The second set of weights is given by:

$$\begin{aligned} w_v=\, \frac{1}{2\,*\,\sqrt{Tr \,\left( \textbf{H}^T \, \textbf{L}_v\,\textbf{H}\right) } } \hspace{1cm} v=1,...., V. \end{aligned}$$
(6)

In the end, the minimization problem corresponding to our method can be expressed as minimizing the following objective function:

$$\begin{aligned}{} & {} \min _{\textbf{P}_v, \; \textbf{H}} \, \sum _{v=1}^V \,\delta _v \, \Vert \textbf{S}_v \,-\textbf{H}\, \textbf{P}_v^T \Vert ^{2}_2 \,+ \,\lambda \,\sum _{v=1}^V \, w_v \,{Tr \,\left( \textbf{H}^T \, \textbf{L}_v\,\textbf{H}\right) } \, \nonumber \\{} & {} \qquad +\alpha \,Tr \,\left( ( \textbf{H}^T \, \textbf{H}\, - \,\textbf{I})^T\,(\, \textbf{H}^T \, \textbf{H}\, - \,\textbf{I}\,) \right) \, s.t. \; \; \textbf{H}\nonumber \\{} & {} \quad \ge 0, \; \; \textbf{P}_v^T \, \textbf{P}_v = \textbf{I}. \end{aligned}$$
(7)

Once \(\textbf{H}\) is estimated, the cluster index for each sample is determined by the position of the highest value in the corresponding row of \(\textbf{H}\).

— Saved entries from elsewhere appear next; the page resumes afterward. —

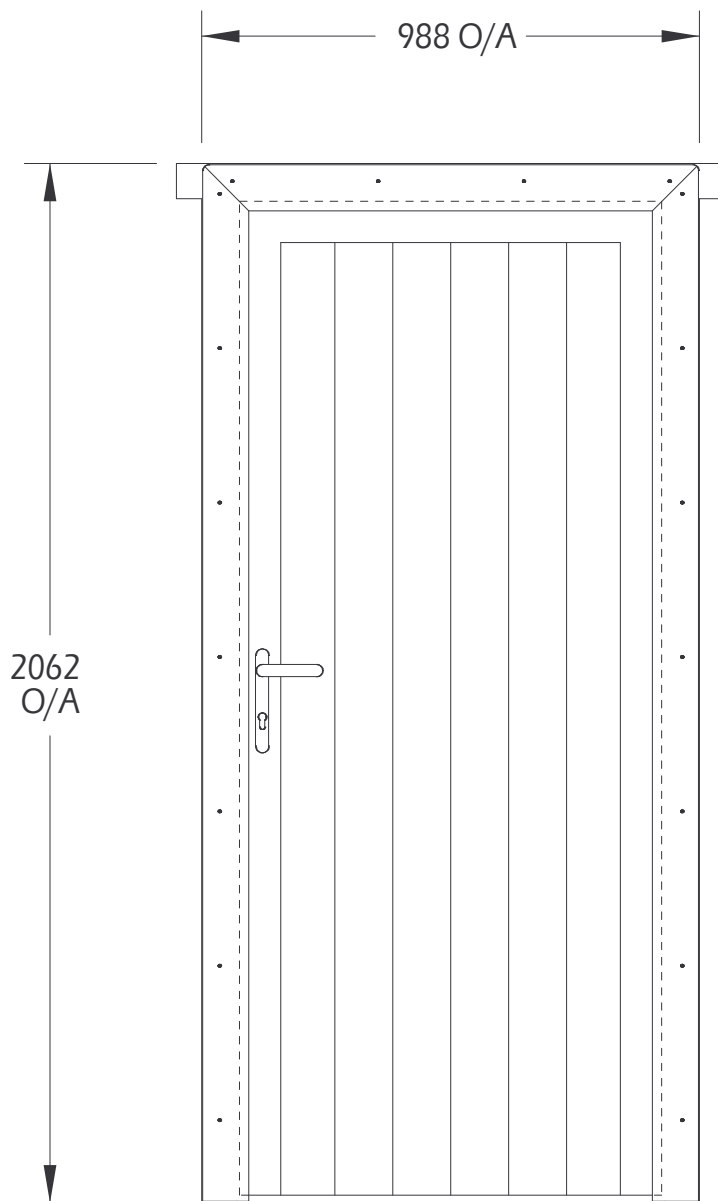

SCOTTS SECURE TACK ROOM DOOR

NOTES:

APERTURE SIZE 2067 mm (h) x 993 mm (w)
OVERALL DOOR FRAME SIZE 2062 mm (h) x 988 mm (w)
OVERALL DOOR SIZE 1981 mm (h) x 838 mm (w)
DOOR FRAME IN GALVANIZED STEEL
GALVANIZED STEEL BACKING SHEET TO DOOR
HEAVY-DUTY TEE HINGES AS STANDARD
WESTWARD TDK THREE POINT SECURITY LOCK TO PAS 23 & PAS 24
c/w HANDLES & DOUBLE CYLINDER
INWARD OPENING ONLY
RH OR LH TO BE SPECIFIED
ALL FITTINGS SUPPLIED LOOSE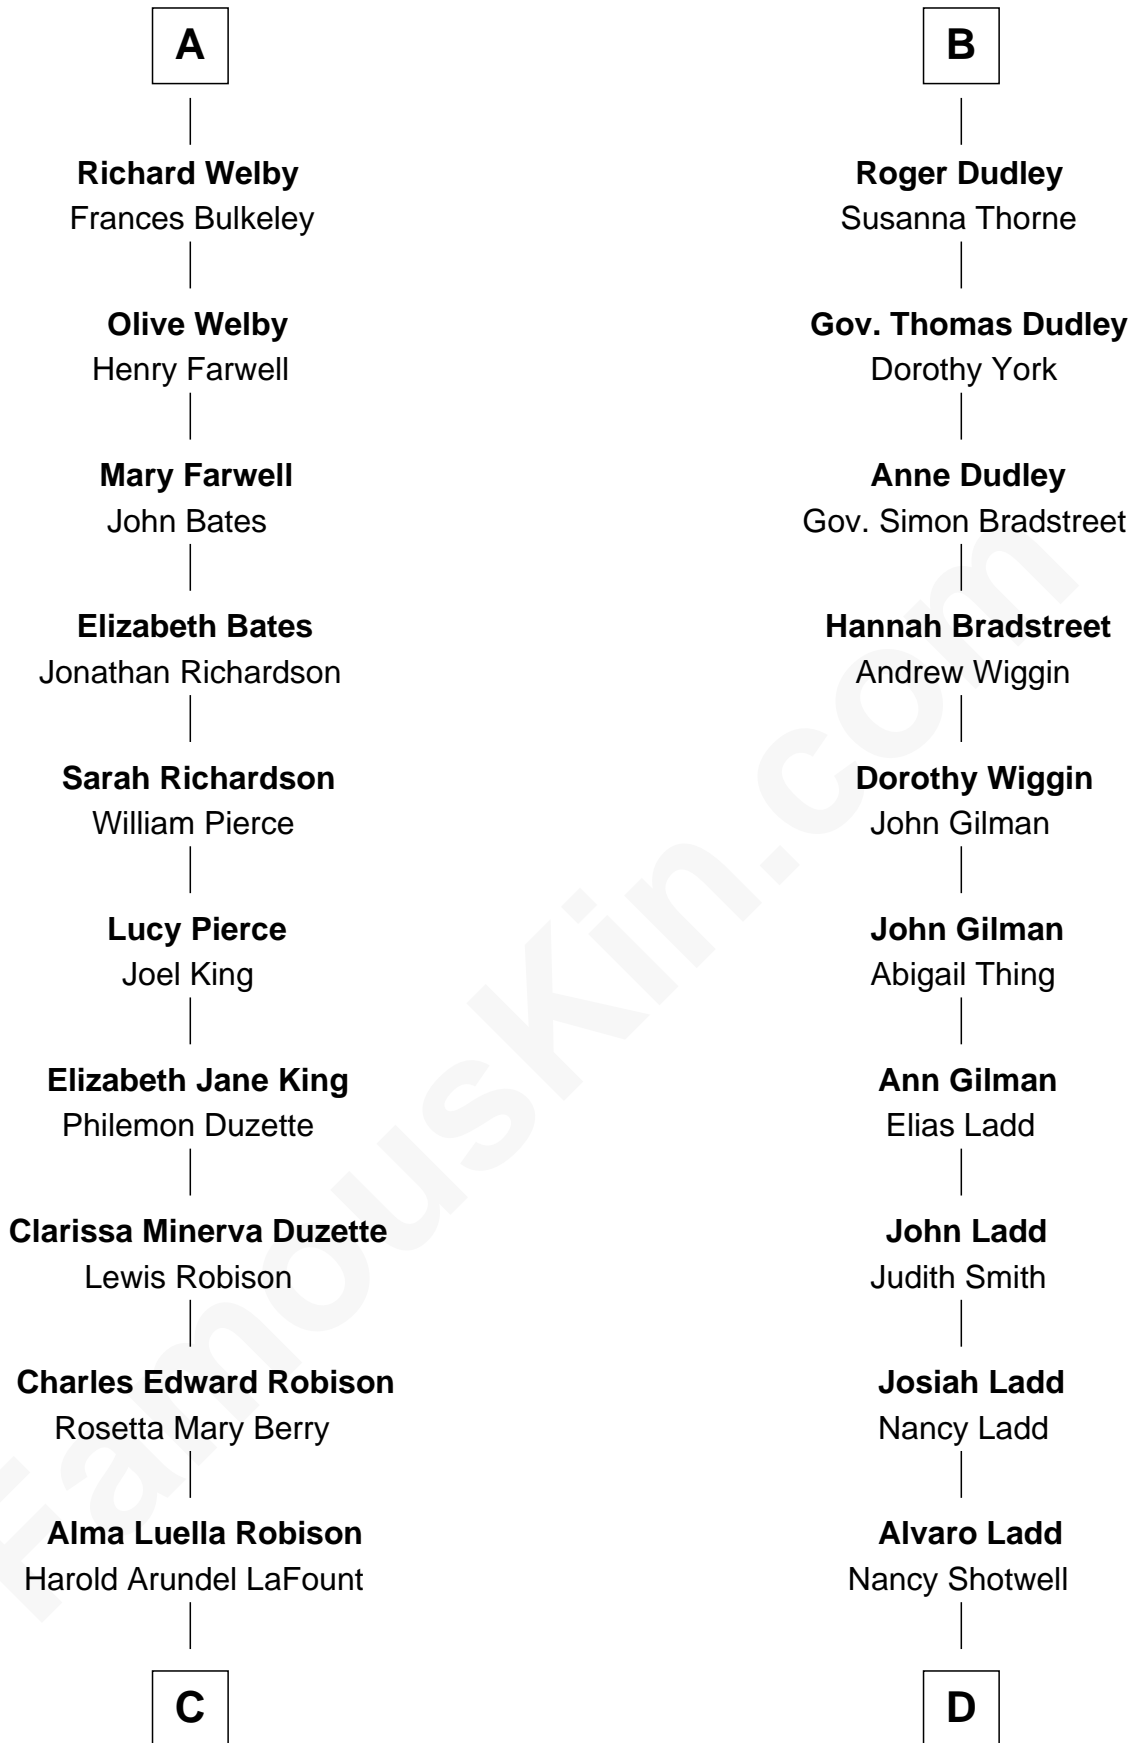

FamousKin.com

Relationship Chart of

Mitt Romney

70th Governor of Massachusetts

18th cousin 1 time removed of

Alan Ladd

Movie Actor

Sir Philip le Despencer

Alice le Despenser

Sir John Sutton

Sir John Sutton

Constance Blount

Sir John Sutton

Elizabeth Berkeley

Sir Edmund Sutton

Joyce Tiptoft

Sir Edward Sutton

Cecily Willoughby

Sir John Sutton

Cecily Grey

Sir Henry Dudley

- - - - - Ashton

Probable

B

C

Lenore Emily LaFount
George Wilcken Romney

Mitt Romney
70th Governor of Massachusetts

D

Oscar F. Ladd
Julia Henrietta Meigs

Alan Harwood Ladd
Selina Raleigh

Alan Ladd
Movie Actor

FamousKin.com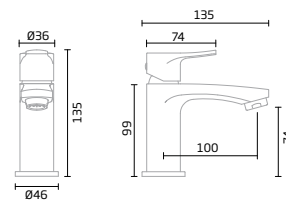

Octave Mini Basin Mixer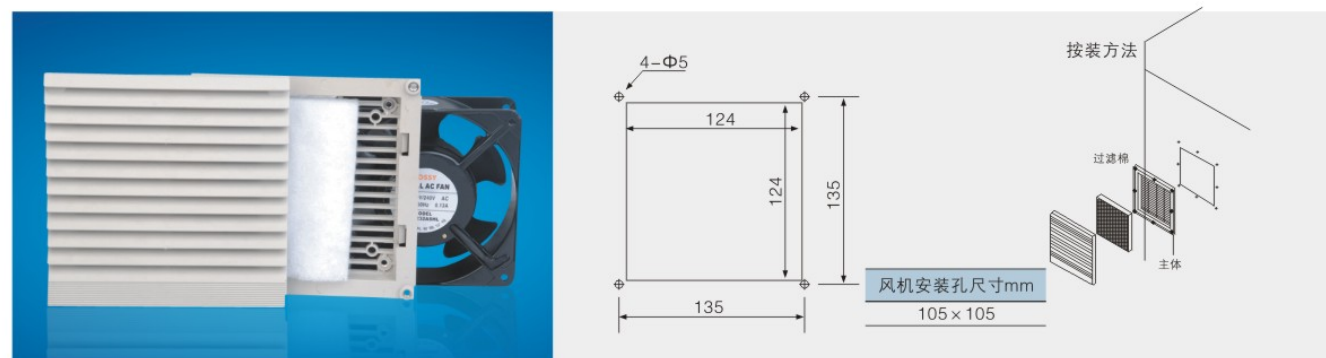

P/N	Model	Outline size	Panel hole size	Fan code	Voltage (V)	Power (W)	Freq (HZ)	Air volume m³/min	Noise (db)
PF150	ZL150	150*150*13.5mm	124*124mm	None	None	None	None	None	None
FL3S1225L11	ZL150			AF1225S11L	110v	15	50/60	85	32
FL3B1225L11	ZL150			AF1225B11L	110v	15			
FL3S1225L22	ZL150			AF1225S22L	220v	15			
FL3B1225L22	ZL150			AF1225B22L	220v	15			
FL3S1238L11	ZL150			AF1238S11L	110v	19			
FL3B1238L11	ZL150			AF1238B11L	110v	20			
FL3S1238L22	ZL150			AF1238S22L	220v	19			
FL3B1238L22	ZL150			AF1238B22L	220v	20			
FL3S12387L11	ZL150			AF12387S11L	110v	22			
FL3B12387L11	ZL150			AF12387B11L	110v	21			
FL3S12387L22	ZL150			AF12387S22L	220v	22			
FL3B12387L22	ZL150			AF12387B22L	220v	21			

For special color please add the color code to the end of P/N

Figure 2 shows an illustration of our proposed multi-view clustering method.

3.1 Optimization

In this section, we will outline our approach to optimizing the objective function defined in (7). To update the matrices \(\textbf{H}\) and \(\textbf{P}_v\), we employ an alternating minimization approach. This approach entails updating one of these two matrices while keeping the other fixed, and this process is reiterated until convergence is achieved.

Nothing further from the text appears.